Estuvimos callados un tiempo. No pude saber o preguntar qué había detrás de esas pocas palabras.
A Estraven le habían costado mucho trabajo.
Dije al fin: —Háblame con la mente, Derem. Llámame por mi nombre. —Yo sabía que él podía hacerlo: había simpatía entre las partes, o como diría un experto, las fases eran consonantes, y él por supuesto no tenía idea de cómo levantar una barrera voluntaria. Si yo hubiese sido un Oyente, hubiese podido oír cómo pensaba Estraven.
—No —dijo —. Nunca. No todavía...
Pero ningún terror, ni angustia, ni conmoción podían contener a esa mente insaciable mucho tiempo.
Cuando hubo apagado otra vez la luz oí de pronto un tartamudeo en mi oído interior: —Genry... —Aun hablando así, Estraven no era capaz de pronunciar la l...
Respondí en seguida, y oí en la oscuridad un sonido inarticulado de miedo en el que había un levísimo tono de satisfacción. —No más, no más —dijo Estraven en voz alta. Al cabo de un rato nos dormimos.

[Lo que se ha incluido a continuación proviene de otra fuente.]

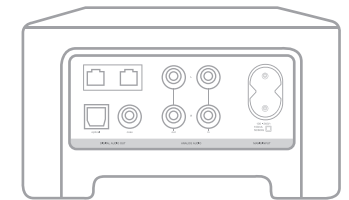

## SR 2-125 Amplifier Connection Diagrams

The SR 2-125 includes input for analog, digital coaxial, and toslink connections. This enables you to use multiple sources for streaming audio and video. This quickstart will help you connect the amplifier which ever source you are wanting to connect.

### Commonly Connected Devices

AC RECEIVER  
(Zone 2)

SONOS

CABLE BOX

AIRPORT EXPRESS  
(Airplay)

©2016 Sonance. All rights reserved.  
Sonance is a registered trademark of Dana Innovations.

Due to continuous product improvement, all features and specifications are subject to change without notice.

Nunca fue fácil para él. No porque no tuviera esa capacidad, o no pudiera desarrollarla, pero lo perturbaba profundamente, y no acababa de aceptarla del todo. Aprendió en poco tiempo a levantar las barreras pero no estoy seguro de que les tuviera confianza. Quizá todos fuimos así, cuando los primeros eductores volvieron hace siglos del mundo de Rokanon, enseñando «el último arte». Quizá un guedeniano, siendo excepcionalmente completo, siente el lenguaje telepático como una violación de esa totalidad que ven en sí mismos, una brecha abierta en la integridad, y de difícil aceptación. Quizá la explicación fuese el carácter de Estraven, donde el candor y la reserva eran igualmente poderosos: toda palabra que el dijese brotaba de un hondo silencio. Había oído mi voz como la voz de un muerto, la voz del hermano. No sé qué hubo, además de amor y muerte, entre Estraven y ese hermano, pero sé que cada vez que yo le hablaba con la mente, Estraven se sobresaltaba apartándose como si le tocaran una herida. De modo que esta continuidad nos unía, sí, pero de un modo austero y oscuro, que no admitía en verdad mucha más luz (como yo había esperado) y mostraba sobre todo la extensión de la oscuridad.